Now for us, in the future, Scripture says that seeing God face to face is going to bring about our likeness to Him. We are going to look like Him, we're going to be like Him, because we see Him as He is. And so we have to ask, did the same thing happen to Moses? When God spoke with Moses face to face, what happened to Moses? 

Well, it's absolutely fantastic. One chapter later, in Exodus, chapter thirty-four, we read that the face of Moses shined with the Uncreated Light of God. Think about it. The face of Moses was shining with the very light of God. We read about it again in the book of 2 Corinthians, chapter three, in the New Testament. Just imagine it: Moses goes, and he gets to speak with God face to face, he gets to talk with God one on one. And after this magnificent encounter, the very flesh of Moses begins to shine, begins to glow with this brightness, that it had to have been unearthly, it had to have been just absolutely amazing.

In fact, it was so amazing that it scared the people. It frightened the people so badly that Moses actually had to put a veil on. He talked to God face to face, his face started glowing, and so Moses actually went around with a veil to cover up this light that was coming off of him, so that he didn't scare the people. 

So, I have a good friend of mine, and he says, "God loves you, and He has a wonderful plan for you. He wants you to glow in the dark." Well, it sounds pretty funny, but now when we start to think of Moses, and when we start to think of this passage in 1 John 3, that tells us that all of us who are in Christ, all of us who serve Him faithfully to the end, are going to be like Him when we see Him as He is, well, we start thinking that maybe it's not so funny after all, maybe that is God's plan for us. We are going to glow with the light of Christ. We are going to glow with the light of God the same way that Moses did. 

But then, on second thought, we may start to imagine some of the accounts of Christ in the New Testament, and think about the fact that He walked on earth for over thirty years. Now, surely Jesus Himself, God in the flesh, He didn't walk around all those years shining with this ethereal light from heaven. I mean, if He had, it would have drawn a lot of attention, and surely somebody would have mentioned it in the Scriptures, and we don't read about anything like that. So, we might imagine that, oh, that thing that happened with Moses was just a one-time thing, it was just there to teach us something. When we become like Christ it'll just be in our hearts, and all this glowing and this changing is not going to have anything to do with it. 

But think again. Think about the Mount of Transfiguration. Think about the time in Scripture when Jesus goes up to this mountain, and He only has three of His disciples with Him, and all of the sudden they see Jesus transfigured. They see this light, this bright, white light coming off of Him. And they see even His clothes change to be so white that according to the Bible, it says that the best bleach in the world couldn't have whitened it this white. So this was literally unlike anything the disciples had ever seen. This was not just an off-white, this was not just kind-of white, this was not even as good as you get from the professional clothes washers back in those days. This was an unearthly, brilliant, bright white, perfect light that was coming off of Jesus' clothes, it was coming off of His face, it was coming off of His fingertips, He was literally glowing with the Uncreated Light of God.

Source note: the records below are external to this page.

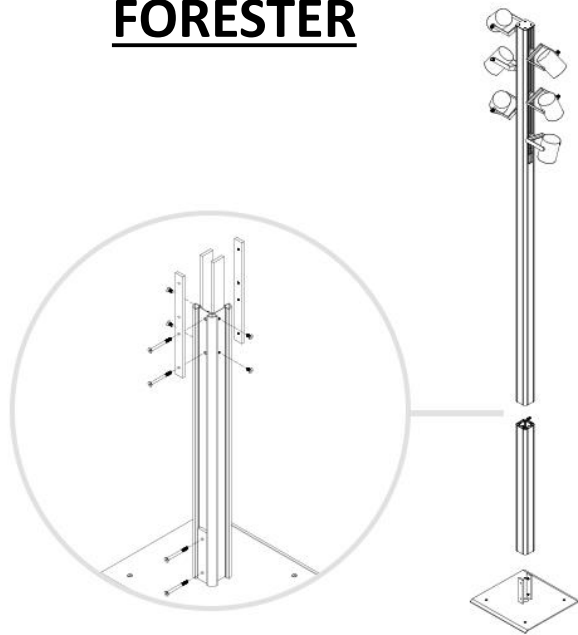

سیستم های روشنایی

FORESTER

THE PUCK

reddot award 2014
winner

THE PUCK FLEX

LED DISPLAY SPOT

نمایش گر های تبلیغاتی

ICON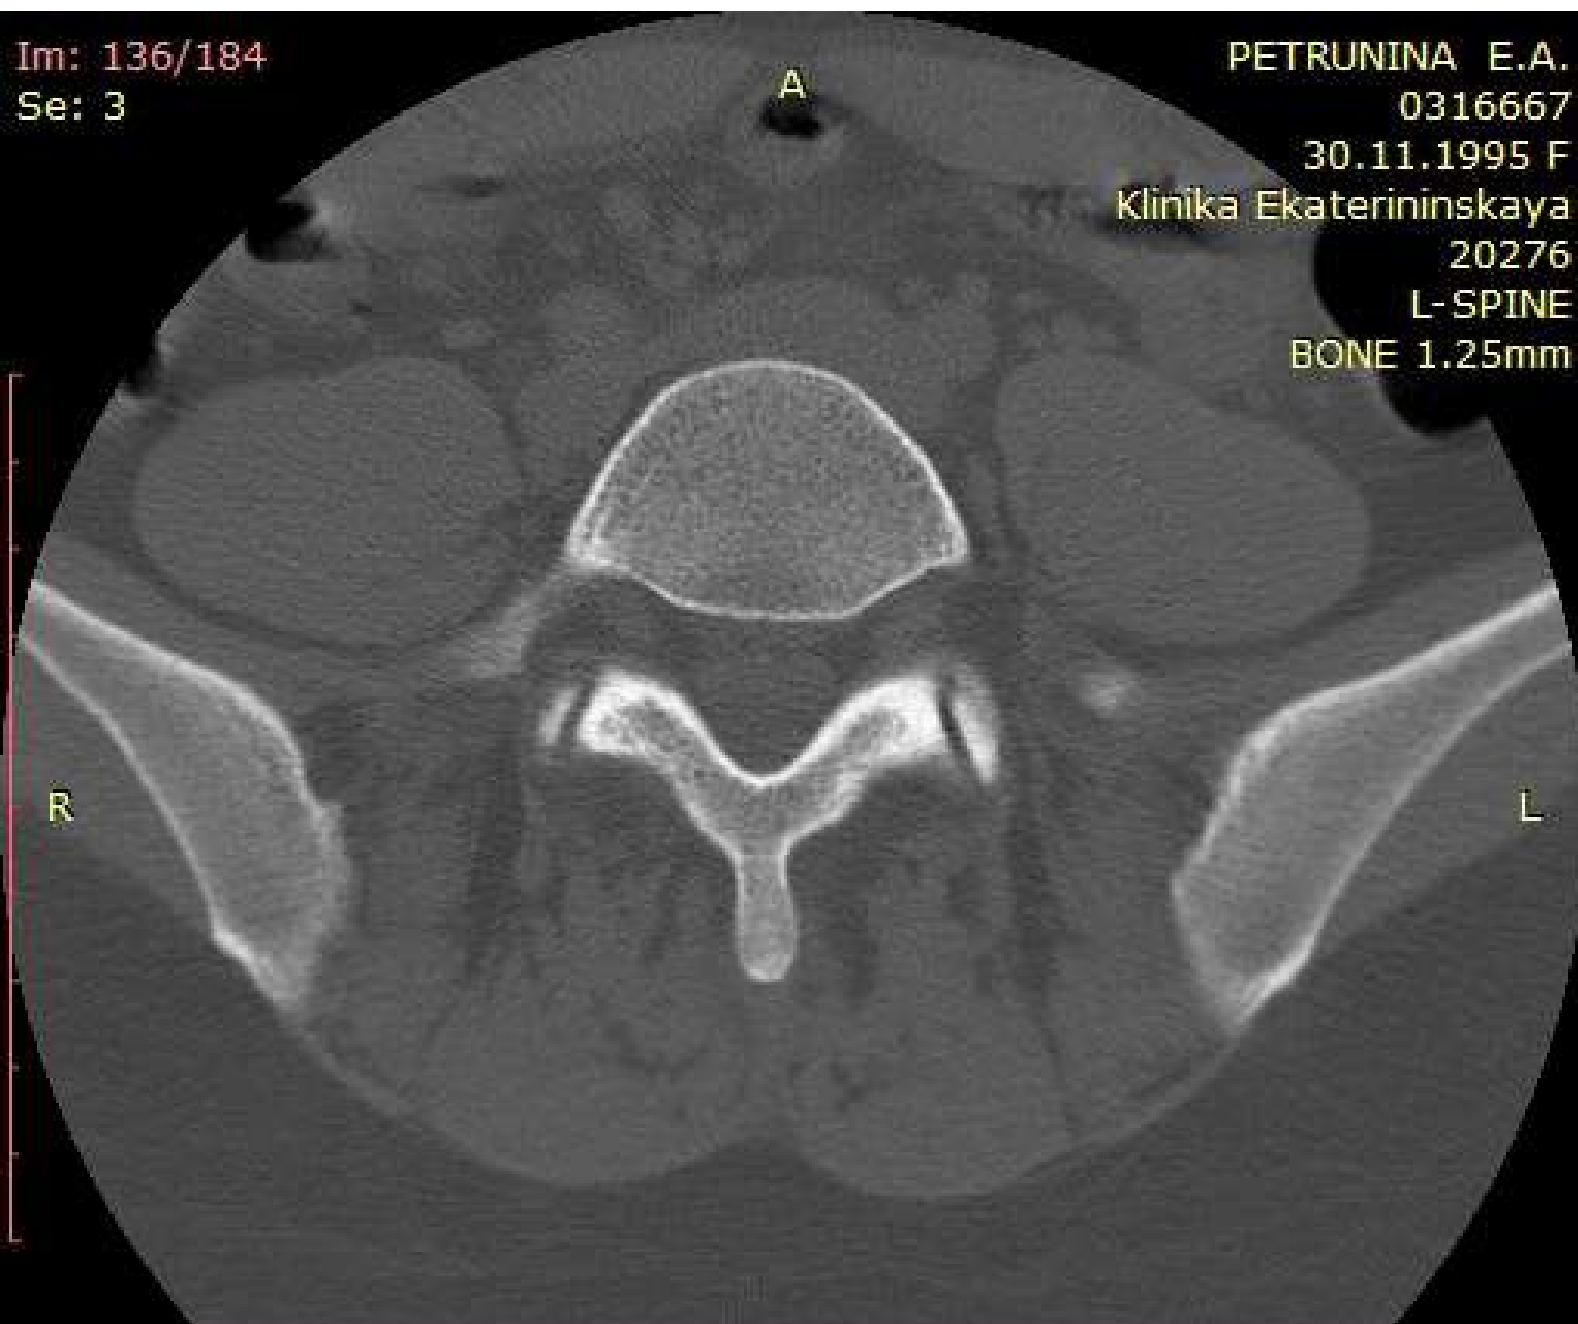

Im: 137/184
Se: 3

PETRUNINA E.A.
0316667
30.11.1995 F
Klinika Ekaterininskaya
20276
L-SPINE
BONE 1.25mm

WL: 350 WW: 2000 [D]
T: 1.3mm L: -73.5mm

P

350mA 120kV
19.02.2022 13:54:52

Im: 136/184
Se: 3

PETRUNINA E.A.
0316667
30.11.1995 F
Klinika Ekaterininskaya
20276
L-SPINE
BONE 1.25mm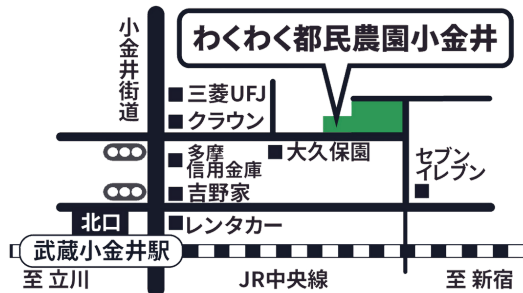

50歳以上の都民の方が対象

第3期

R6年3月～R7年2月

申込

ハガキまたは応募フォームで

※申込詳細は裏面又はホームページをご覧ください

～いろんな人、いろんな目的が寄り集まって、楽しみあう、そんなまちの農園～

わくわく都民農園小金井 シニア農園利用者募集

初心者歓迎

プロの農家さんを講師にむかえ、年間22回の講習会で栽培方法など丁寧に指導します。

駅近の好立地

JR中央線「武蔵小金井駅」北口から徒歩5分。電車からも見える農園です。

充実の設備

農機具など必要なものはこちらで用意。販売棟には、喫茶やシャワー室など完備。

11月19日(日)13:30～ 農園案内ツアー開催!

「わくわく感謝祭」にてシニア農園を中心としたわくわく農園案内ツアーを行います! ご興味のある方はぜひ当日わくわく農園にご集合ください。※予約不要です

※この農園は、東京都の「高齢者活躍に向けたセミナー農園整備事業」として令和4年3月に開園されました。

わくわく
都民農園小金井

募集詳細

- 対象 50歳以上の東京都民
区画 1区画20㎡ (2m×10m)
利用期間 令和6年3月～令和7年2月 (2回まで更新可)
※2月は畑整備のため休園
利用料 55,000円 (別途協会会員料3,000円)
※講習料、種苗、肥料、農薬、農具使用料含む
募集人数 若干名 ※応募多数の場合抽選
募集期間 令和5年12月1日～12月18日 ※当日消印有効
当選結果 令和6年1月10日頃までに当選者 (補欠当選者含む) のみ郵送にてご連絡いたします

And not only was Jesus there, but they saw Moses with Him, and they saw Elijah there with Him. And then after a few moments Elijah and Moses disappeared, and Jesus remained. God spoke from Heaven and said, "This is my Son in Whom I am well pleased. Listen to Him." 

So you see, what happened here was that Jesus actually spent most of His time walking around on earth veiled. Much like Moses had to veil his face to keep the light from shining and scaring people, Jesus supernaturally veiled that light. It was within Him the whole time. It never left Him, but on the Mount of Transfiguration the veil went away. The covers were pulled back, and finally they were able to see Jesus as He really is, and as He will really appear when we see Him in the future. 

So now let's put all these things together. We know that in the Old Testament that Moses spoke with God face to face, and after these encounters he shined with this holy light. We know that Jesus, when He decided to pull back the veil and truly show His glory to His disciples, that Jesus Himself on the Mount of Transfiguration shined with a holy light. And then we see in 1 John, we see this promise that we ourselves who are Christians, in the future, when we see Jesus as He is, then we shall be like Him. Therefore we ourselves can look forward to partaking of the divine nature in this way. 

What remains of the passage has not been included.